Fletcher, did you notice this also? Do you or Sam have any idea what
change might have triggered it or how long ago this started?
Paul
On Fri, Aug 7, 2015 at 12:08 PM, Fletcher Foti [email protected]
wrote:
I'd also want to know if it's actually sampling alternatives correctly,
and the memory use could be a clue to that. It might be worth a test with a
really simple model, with only a few alternatives, with only a few
"choosers."—
Reply to this email directly or view it on GitHub
#65 (comment)
.
from bayarea_urbansim.
Usually something more like 100 would be used. Results don't change very
much with larger sample sizes.
On Fri, Aug 7, 2015 at 12:48 PM, Fletcher Foti [email protected]
wrote:
Yeah I noticed that and tried it with more like 1500 and it was still slow.
—
Reply to this email directly or view it on GitHub
#65 (comment)
.
from bayarea_urbansim.
I haven't estimated the HLCM in a while, but I tried it out and and it never finished estimating, so there seems to be a problem. Matt changed a few things in the HLCM a few months ago which is the only thing I can think of.
from bayarea_urbansim.
This 15,000 or 1,500 is the sample size of choosers not the sample size of alternatives. Right now the choosers are the actual households in the synthesized population so need to be sampled.
from bayarea_urbansim.
Thanks for looking into this. The codebase is the current synthicity bayarea_urbansim master.

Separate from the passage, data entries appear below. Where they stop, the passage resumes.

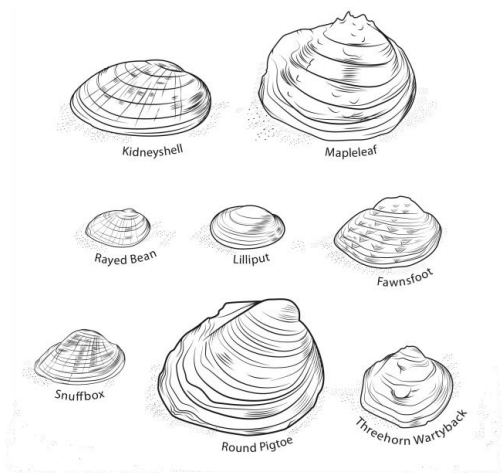

Lake Chubsucker
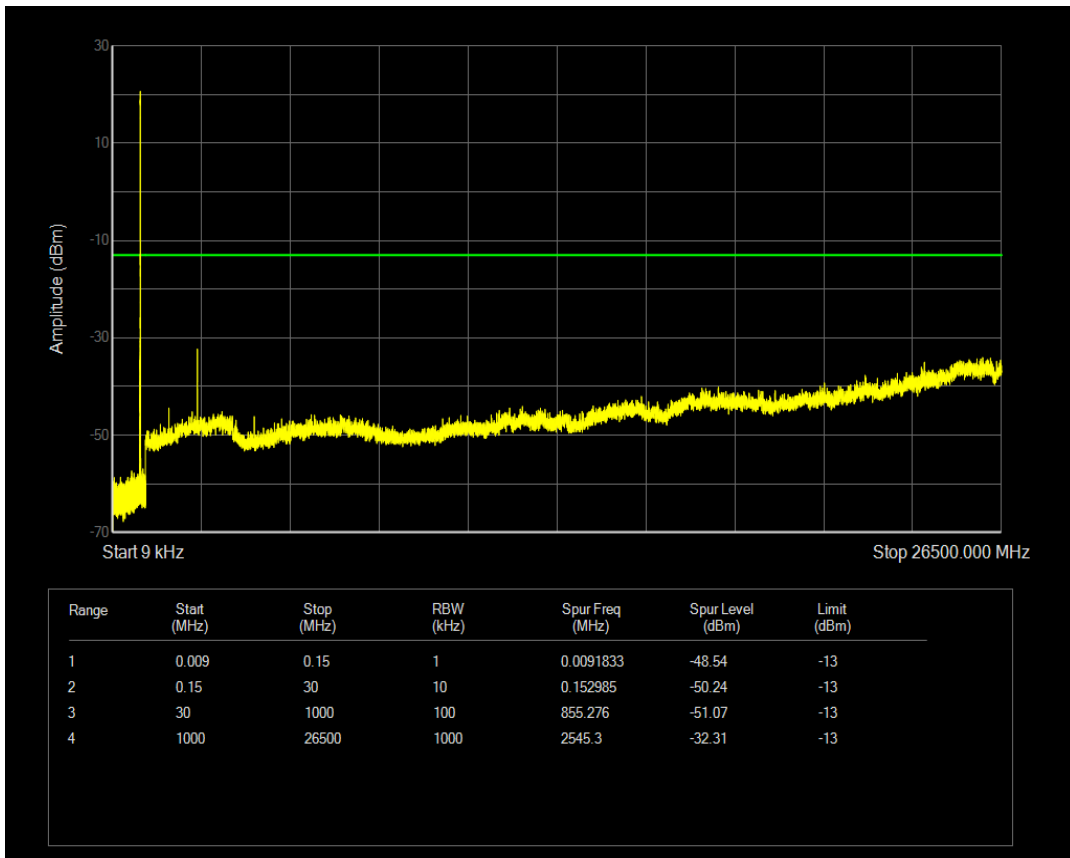

Band5 QPSK BW=1.4MHz Channel=20525 RB Size=6 Position=#0

Band5 QAM16 BW=1.4MHz Channel=20525 RB Size=1 Position=#0

Band5 QAM16 BW=1.4MHz Channel=20525 RB Size=6 Position=#0

Band5 QPSK BW=1.4MHz Channel=20643 RB Size=1 Position=#0

Band5 QPSK BW=1.4MHz Channel=20643 RB Size=6 Position=#0

Band5 QAM16 BW=1.4MHz Channel=20643 RB Size=1 Position=#0

Band5 QAM16 BW=1.4MHz Channel=20643 RB Size=6 Position=#0

Band5 QPSK BW=3MHz Channel=20415 RB Size=1 Position=#0

The timeframe would be since the last time the "hlcm_estimate" model was run in the copy of Estimation.ipynb that's in the repo. That actually looks like October 2014 -- the notebook file was changed in March 2015, but that cell wasn't updated.
from bayarea_urbansim.
I ran a test in sanfran_urbansim so I could profile the hlcm estimation. It has slowed down too, though it completes in 4-5 minutes with 3000 choosers x 4 segments. There the slowness is in the sampling of alternatives in mnl_interaction_dataset
(see this changeset: UDST/urbansim@d17a5ce). np.random.choice
is slow and calling it many times adds up. I don't know if that's the exact same thing causing bayarea_urbansim to be so slow, but it's definitely contributing. (It'll be called (estimation_sample_size * number of segments) times at 0.02218 seconds per call on my laptop.)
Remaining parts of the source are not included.